In political terms, the Civil War led to a rarely interrupted rule by
the Republican Party at the federal level, which was only broken in 1932
by the New Deal Coalition of Franklin D. Roosevelt. This ushered in a
phase of Democratic federal governments until the 1960s, only
interrupted by the Eisenhower administration. In the South, however, the
Democrats set the tone; for example, in Texas they were governors from
1874 to 1979.
In and after the 1960s there was a realignment of
voters and parties. While up until then the Democrats, as former slave
advocates and a strongly conservative force, had dominated the southern
states almost unchallenged (Solid South), many whites now switched to
the Republicans, who had already replaced the Democrats as the more
conservative party at the turn of the century. The policy of the
Democratic presidents Kennedy and Johnson to abolish racial segregation
was one reason for this. This also explains the phenomenon that many
whites in the South vote Democratic at the state level, but Republican
at the federal level.
The influx of Americans from the northern
states to the economically strong South meant that the southern states
became more populous and thus gained more weight at the federal level.
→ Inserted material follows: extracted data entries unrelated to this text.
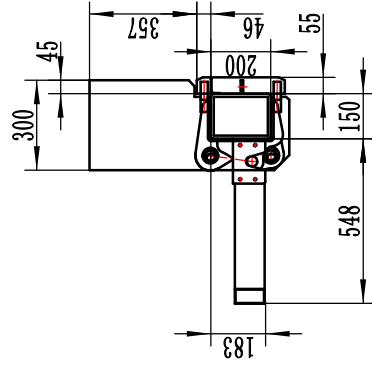

Loading Diagram/承载图

Max (180 bar)	24 volt
Pump-Motor Unit/马达电流	160A
Magnet (electric safety valve)/电磁线圈电流	0.75A
Solenoid/接触器电流	1.8A
Cable area/电缆配置:	1.0mm ²
Control cable/控制线	25mm ²
Main cable 0-10m/主电缆	180 Ah
Power source/车载电瓶配置:	18 Volt
Min.capacity/最小容量	
Min.voltage/最低电压	

Installation Dimension (mm)

安装尺寸图

JLC25-160	
A	B
750	760
821	697
880	630
930	563
972	496
1007	427

LOADTEC

Tel:0715 8116933

Internet:www.loadteclift.com
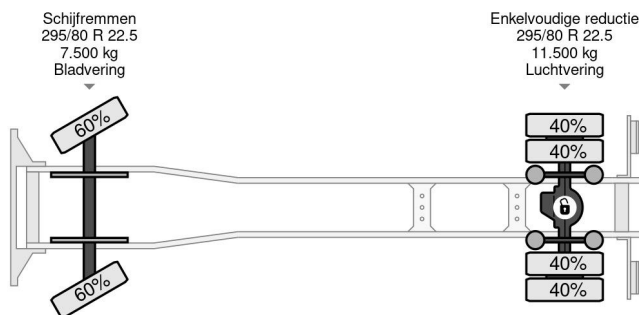

PROPERTIES

Primera fecha de registro	12-10-2012
Combustible	Diesel
Transmisión	Automático
Número de identificación del vehículo	XLRAE85MC0E962047
Configuración del eje	4x2
Número de ejes	2
Peso vacío	11.100 kg
Cantidad de cilindros	6
Dimensiones de construcción (l/b/h)	
Peso de carga	7.900 kg

DAF CF 85.360 EURO 5 EEV + 2 AXLE TRAILER

4x2

Referentienummer: DA962047-COMBI

DESCRIPCIÓN

2012 DAF CF 85.360 + 2005 GROENEWEGEN 2 AXLE TRAILER
LxBxH 730x249x258
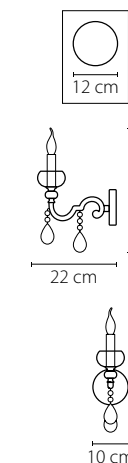

787612
ЗОЛОТО
ПРОЗРАЧНЫЙ
БРА
1 x E14 max 60W
2 kg

On the other hand, the social composition and voting behavior in these
states also changed, which was further reinforced by immigrants from
Latin America, the Hispanics.
In the 19th century, all southern states had a strong agricultural
focus - in contrast to the already largely industrialized north.
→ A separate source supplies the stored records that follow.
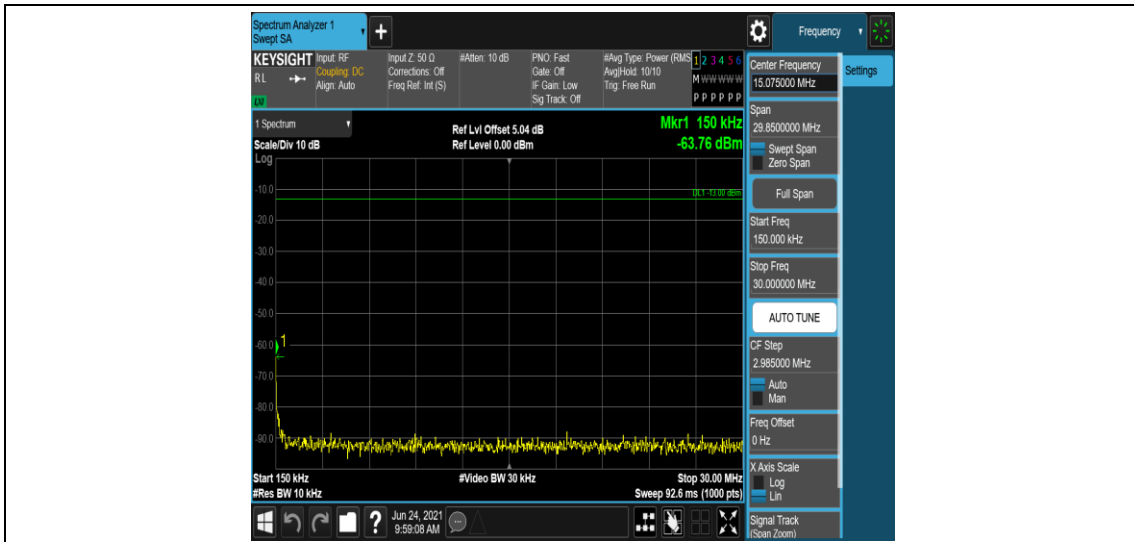

Band5-5MHz-QPSK-20525-1RB#0-Range2:0.15~30MHz

Band5-5MHz-QPSK-20525-1RB#0-Range3:30~1000MHz

Band5-5MHz-QPSK-20525-1RB#0-Range4:1000~10000MHz

Band5-5MHz-QPSK-20625-1RB#0-Range1:0.009~0.15MHz

Band5-5MHz-QPSK-20625-1RB#0-Range2:0.15~30MHz

Band5-5MHz-QPSK-20625-1RB#0-Range3:30~1000MHz

Band5-5MHz-QPSK-20625-1RB#0-Range4:1000~10000MHz

Band5-5MHz-16QAM-20425-1RB#0-Range1:0.009~0.15MHz

Band5-5MHz-16QAM-20425-1RB#0-Range2:0.15~30MHz

Band5-5MHz-16QAM-20425-1RB#0-Range3:30~1000MHz

Band5-5MHz-16QAM-20425-1RB#0-Range4:1000~10000MHz

Band5-5MHz-16QAM-20525-1RB#0-Range1:0.009~0.15MHz

Band5-5MHz-16QAM-20525-1RB#0-Range2:0.15~30MHz

Band5-5MHz-16QAM-20525-1RB#0-Range3:30~1000MHz

Band5-5MHz-16QAM-20525-1RB#0-Range4:1000~10000MHz

Plantation farming was particularly widespread in the coastal plains. As
a result, these states had the peculiar institution, the "special
institution", as slavery was also called. There were significant
economic differences between the plantation owners in the plains and the
small farmers in the mountainous regions of the Appalachians. This led
to the "secession within the secession" during the Civil War, the
secession of West Virginia from Virginia and the attempted secession of
East Tennessee from Tennessee.
The socio-cultural differences
between the north and the south run through all social classes and
parties and have shaped politics between the individual states and the
federal government since the reconstruction phase. The white inhabitants
of the southern states, who come from poorer sections of the population,
are sometimes disparagingly referred to as rednecks. Some people in the
South or those who come from there also speak a characteristic accent,
the Southern Drawl.
The Southern states comprise the so-called
Bible Belt. This area is known for the intensive practice of the
Christian religion; it is not uncommon to find dozens of churches even
in small towns. Religious groups such as the Baptists also sometimes
have their own Southern associations.
Gospel, blues and country
music originated in the Southern states. New Orleans was and is an
important center for blues and jazz, Memphis one for blues and soul.
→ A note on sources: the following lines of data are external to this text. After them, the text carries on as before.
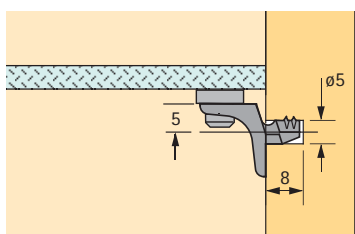

System
32

	Gat- \varnothing mm	Bestelnr.	VE
①	5	0 053 012	1/500
②	3	0 079 711	1/500

Legplankdragers Universal D

- Stift- \varnothing 5 mm
- Gegoten zink vernikkeld

System
32

Bestelnr.	VE
0 022 737	1/500

Legplankdragers Sekura 8
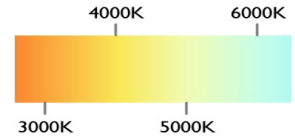

MOD: GD-B080-2

NOM

Garantía
2 años

COLORES DISPONIBLES

NEGRO BLANCO

CARACTERÍSTICAS GENERALES

- DISEÑO ELEGANTE
- ARTICULO DECORATIVO
- PARA USO EN INTERIORES
- ENERGIA AMIGABLE CON EL MEDIO AMBIENTE
- IDEAL PARA CASA HABITACION U OFICINAS

POTENCIA	42W
TEMPERATURA DEL COLOR	3,000°K A 6,000°K
VOLTAJE	110V~/220V~
MEDIDAS	L: 108 CM W: 6 CM
FLUJO LUMINOSO	4,200 LM
COLOR DE LA LUZ	LUZ CALIDA LUZ SEMI CALIDA LUZ BLANCA
ALTURA MAXIMA (AJUSTABLE)	1 M
PESO	1.5 KG
VIDA UTIL	25,000 A 30,000 HRS.
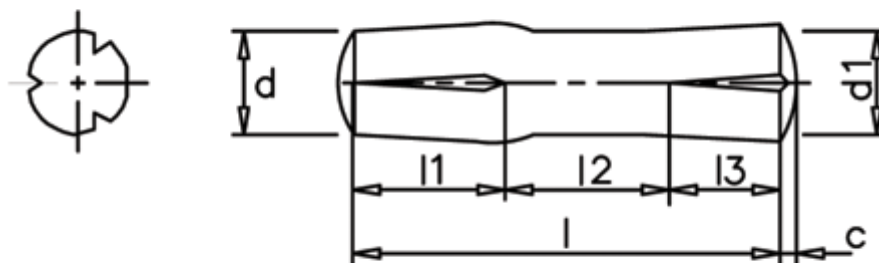

Varenummer: 08114332
Beskrivelse: KLEE Kærvstift S11 8x35
Stål

Mål

d1	= 8.0
d2	= 8.25
Længde	= 32-40

Nashville (Tennessee) is the center of commercial country music. The
first recording in Memphis by Elvis Presley, a native of Mississippi, is
often cited as the "birth" of rock 'n' roll. Dixieland jazz, the Dirty
South and Southern rock are named directly after the Southern states.
Southern cuisine and its special features such as Cajun food, soul
food, Tex-Mex cuisine and Creole cuisine are also well known.
A common synonym for the southern states is Dixieland or Dixie. According to one theory, the name is derived from the Mason-Dixon line. This was the name given to the border line between Pennsylvania and Maryland, which the surveyors Charles Mason and Jeremiah Dixon had surveyed, and more generally also to the dividing line between the American states south of which slavery was permitted and north of which it was prohibited. According to another theory, the name is derived from the French word "dix" (ten), which used to be found on ten-dollar bills produced by the state printing works in what was at times a French-speaking New Orleans.